Retype every record exactly. Leave the pictures out.
----
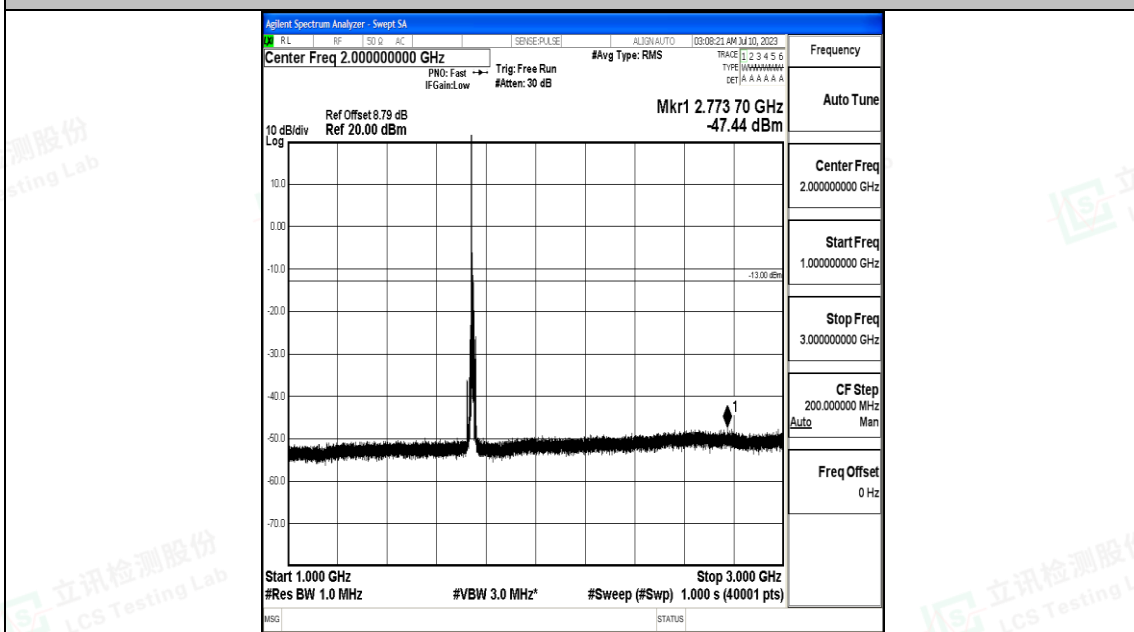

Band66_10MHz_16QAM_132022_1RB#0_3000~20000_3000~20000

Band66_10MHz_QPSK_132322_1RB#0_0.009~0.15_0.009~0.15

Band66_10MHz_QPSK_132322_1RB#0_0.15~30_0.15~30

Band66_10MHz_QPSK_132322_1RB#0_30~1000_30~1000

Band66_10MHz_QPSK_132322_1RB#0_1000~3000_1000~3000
----
■ SOLVED PROBLEM
Band66_10MHz_16QAM_132022_1RB#0_3000~20000_3000~20000

Band66_10MHz_QPSK_132322_1RB#0_0.009~0.15_0.009~0.15

Band66_10MHz_QPSK_132322_1RB#0_0.15~30_0.15~30

Band66_10MHz_QPSK_132322_1RB#0_30~1000_30~1000

Band66_10MHz_QPSK_132322_1RB#0_1000~3000_1000~3000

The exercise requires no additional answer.